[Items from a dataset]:

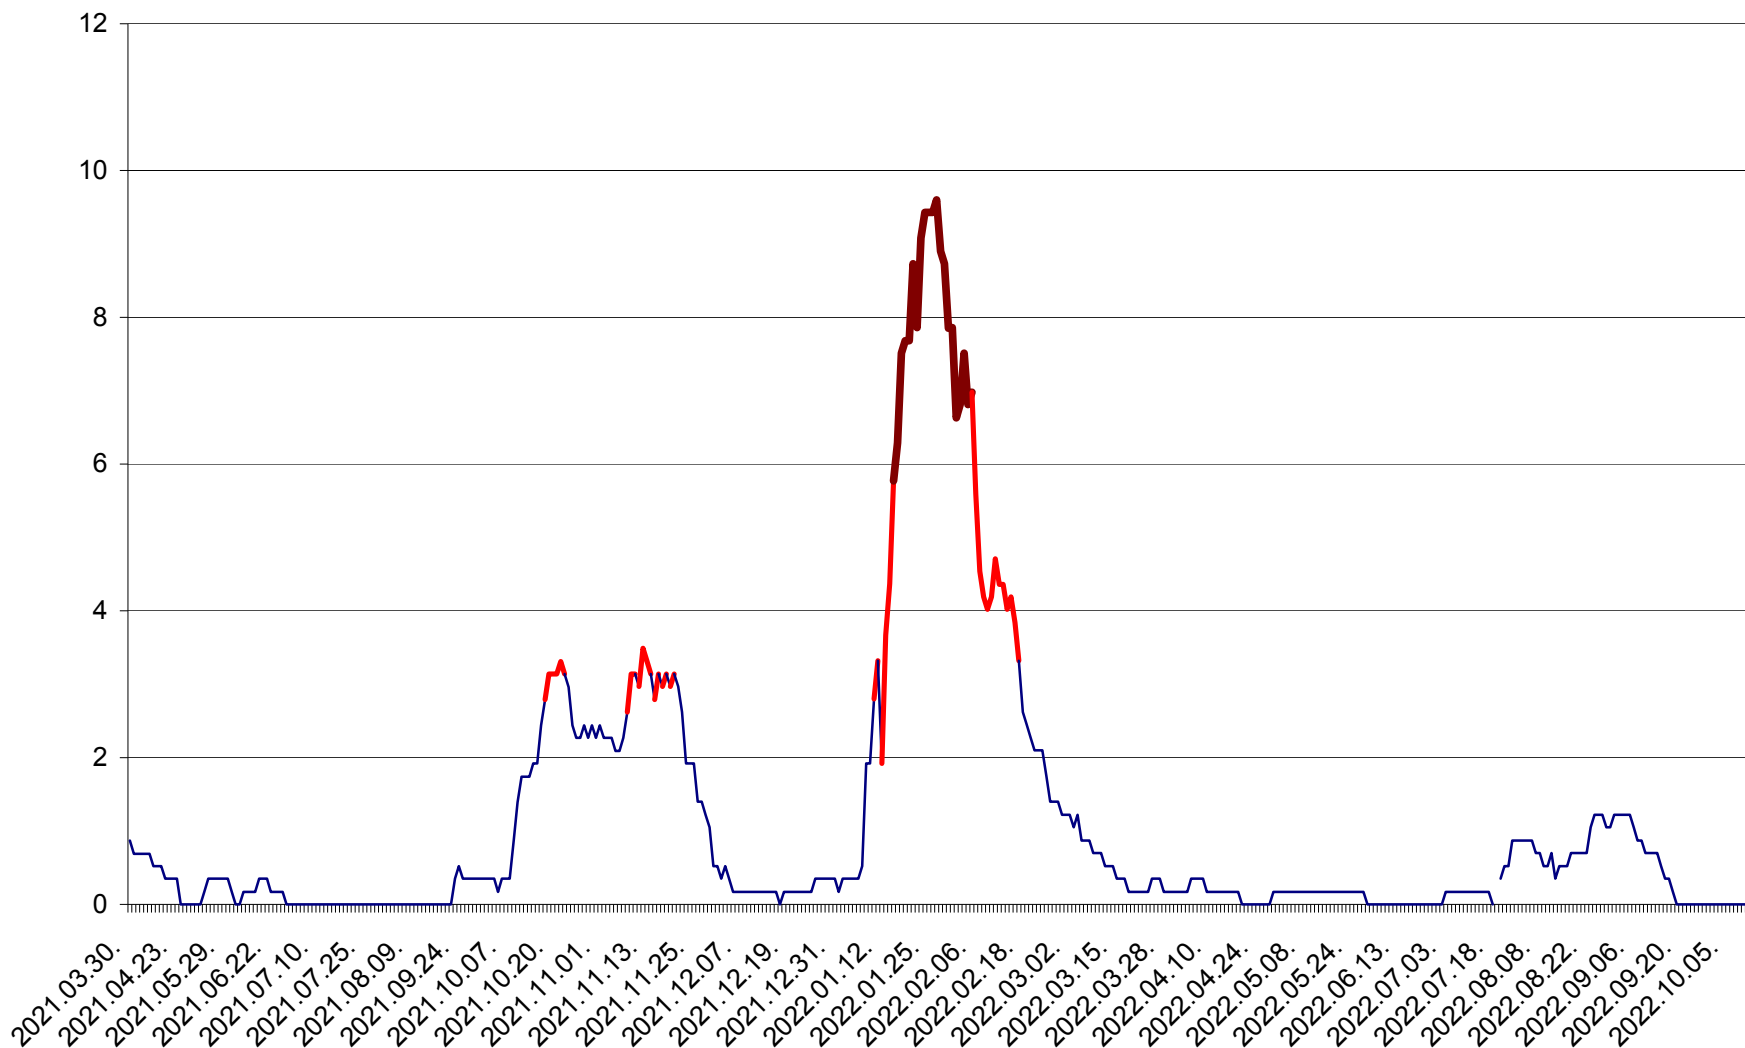

DÂRJIU - Evolutia incidentei cumulate pe 14 zile la ‰ de locuitori  
2021.04.01. - 2022.10.15.

DEALU - Evolutia incidentei cumulate pe 14 zile la ‰ de locuitori  
2021.04.01. - 2022.10.15.

DITRĂU - Evolutia incidentei cumulate pe 14 zile la ‰ de locuitori  
2021.04.01. - 2022.10.15.

FELICENI - Evolutia incidentei cumulate pe 14 zile la ‰ de locuitori  
2021.04.01. - 2022.10.15.

FRUMOASA - Evolutia incidentei cumulate pe 14 zile la ‰ de locuitori  
2021.04.01. - 2022.10.15.

GĂLĂUȚAȘ - Evoluția incidenței cumulate pe 14 zile la ‰ de locuitori  
2021.04.01. - 2022.10.15.

MUNICIPIUL GHEORGHENI - Evolutia incidentei cumulate pe 14 zile la % de locuitori  
2021.04.01. - 2022.10.15.

JOSENI - Evolutia incidentei cumulate pe 14 zile la ‰ de locuitori  
2021.04.01. - 2022.10.15.

LĂZAREA - Evolutia incidentei cumulate pe 14 zile la % de locuitori  
2021.04.01. - 2022.10.15.

LELICENI - Evolutia incidentei cumulate pe 14 zile la ‰ de locuitori  
2021.04.01. - 2022.10.15.

LUETA - Evolutia incidentei cumulate pe 14 zile la ‰ de locuitori  
2021.04.01. - 2022.10.15.

[ABOUT THIS EXERCISE]: Only the lines above starting at the line that holds "GĂLĂUȚAȘ - Evoluția" and ending at the line that holds "LELICENI - Evolutia" are to be repeated, exactly and in full.

[TASK RESULT]:
GĂLĂUȚAȘ - Evoluția incidenței cumulate pe 14 zile la ‰ de locuitori  
2021.04.01. - 2022.10.15.

MUNICIPIUL GHEORGHENI - Evolutia incidentei cumulate pe 14 zile la % de locuitori  
2021.04.01. - 2022.10.15.

JOSENI - Evolutia incidentei cumulate pe 14 zile la ‰ de locuitori  
2021.04.01. - 2022.10.15.

LĂZAREA - Evolutia incidentei cumulate pe 14 zile la % de locuitori  
2021.04.01. - 2022.10.15.

LELICENI - Evolutia incidentei cumulate pe 14 zile la ‰ de locuitori  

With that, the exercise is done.